### What to produce
Please copy the data below exactly, from its first line through the line holding "GAUGE CM6600 GAL.", and skip the pictures.

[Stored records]
################

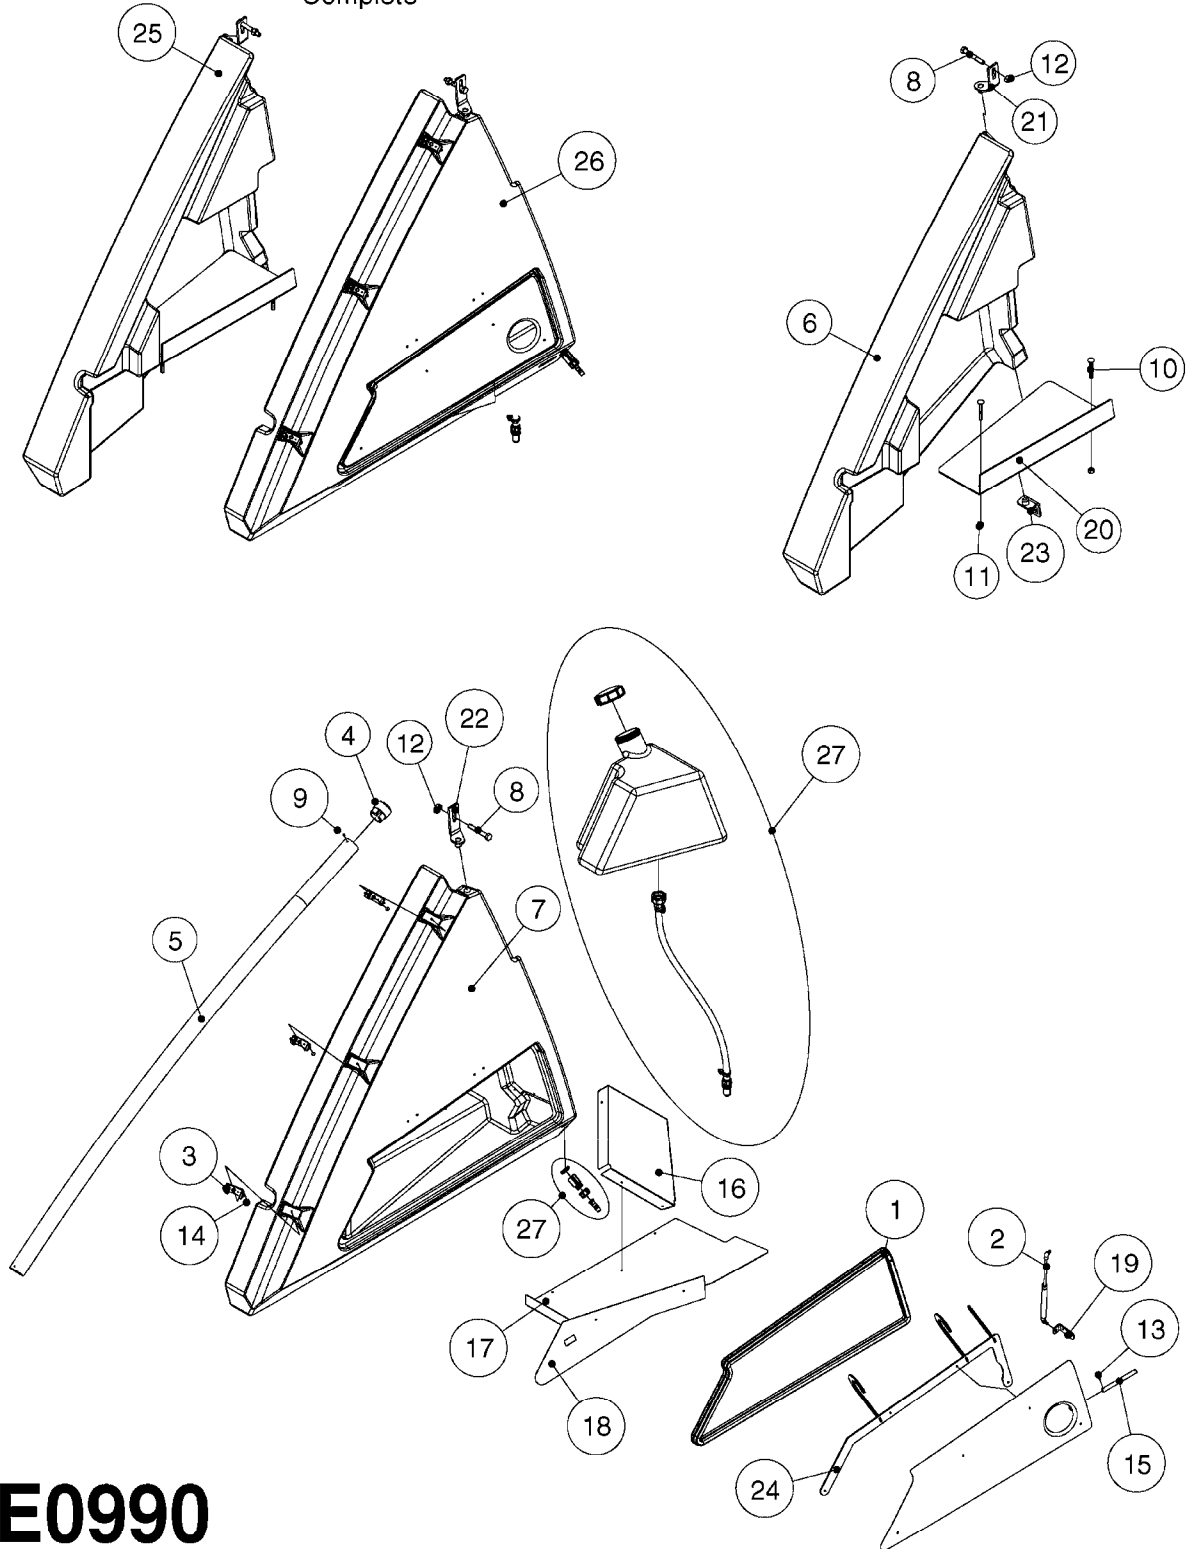

Complete

LOCKER & CLEAN WATER TANK NCM
E0990-HIN, 01:01:16

Page 1

Date 16.03.2016 13:59

Pos.	parts-n°	order qty	description
1	242474	1	SEAL 16X28XL=' LOCKER DOOR CM+
2	285793	1	GAS CYLINDER
3	334523	1	PIPE HOLDER D51.5
4	334850	1	GUIDE F. SIGHT GAUGE TUBE TOP
5	341307	1	TUBE F.SIGHT GAUGE L=75" NCM 4400
5	341339	1	TUBE F.SIGHT GAUGE L=82" NCM 6600
5	341340	1	TUBE F.SIGHT GAUGE L=94" (2382) NCM 9000
5	89109004	1	DECAL SIGHT GAUGE 9000 LITERS
5	97609403	1	DECAL SIGHT GAUGE CM4400 GAL.
5	97609803	1	DECAL SIGHT GAUGE CM6600 GAL.
5	97610003	1	DECAL SIGHT GAUGE NCM 9000 GAL
5	97808000	1	DECAL SIGHT GAUGE CM4400 LITER
5	97813700	1	DECAL SIGHT GAUGE CM6600 LITER
6	351766	1	SIDE SHIELD MOUNT RIGHT
7	351767	1	SIDE SHIELD MOUNT LEFT
8	430846	1	BOLT HEX 8.8 DEL M12X80
9	440333	1	SCREW 3.5 X 9.5 SS
10	440718	1	BOLT CRG M10 X 65 DEL
11	460423	1	NUT HEX M10X1.5 LOCK
12	460703	1	NUT HEX M12X1.75 LOCK DIN985
13	480141	1	PIN COTTER M4X20
14	480809	1	BLIND RIVET, EMHART ACD616ASM
15	15057800	1	HANDLE F.LEFT SIDE LOCKER
16	16124500	1	DIVIDER F.LOCKER L.SIDE SHIELD
17	16124600	1	SHELF FLOOR-LEFT SIDE LOCKER
18	16124700	1	SHELF WALL-LEFT SIDE LOCKER
19	16126900	1	BRACKET F.DOOR-STORAGE LOCKER
20	16127300	1	SHELF FLOOR-RIGHT SIDE LOCKER
21	61033900	1	BRACKET F. SIDE PANEL R.H. NCM
22	61034000	1	BRACKET F. SIDE PANEL L.H. NCM
23	61037500	1	ADJUSTING BRACKET, BOTTOM NCM
24	63037800	1	BRACKET F.DOOR-STORAGE LOCKER
25	72280100	1	SIDE SHIELD RIGHT NCM COMPLETE
26	72280200	1	SIDE SHIELD LEFT+CLEAN W.TANK
27	72280600	1	CLEAN W.TANK LEFT SIDE NCM

################

### Answer for this exercise
Complete

LOCKER & CLEAN WATER TANK NCM
E0990-HIN, 01:01:16

Page 1

Date 16.03.2016 13:59

Pos.	parts-n°	order qty	description
1	242474	1	SEAL 16X28XL=' LOCKER DOOR CM+
2	285793	1	GAS CYLINDER
3	334523	1	PIPE HOLDER D51.5
4	334850	1	GUIDE F. SIGHT GAUGE TUBE TOP
5	341307	1	TUBE F.SIGHT GAUGE L=75" NCM 4400
5	341339	1	TUBE F.SIGHT GAUGE L=82" NCM 6600
5	341340	1	TUBE F.SIGHT GAUGE L=94" (2382) NCM 9000
5	89109004	1	DECAL SIGHT GAUGE 9000 LITERS
5	97609403	1	DECAL SIGHT GAUGE CM4400 GAL.
5	97609803	1	DECAL SIGHT GAUGE CM6600 GAL.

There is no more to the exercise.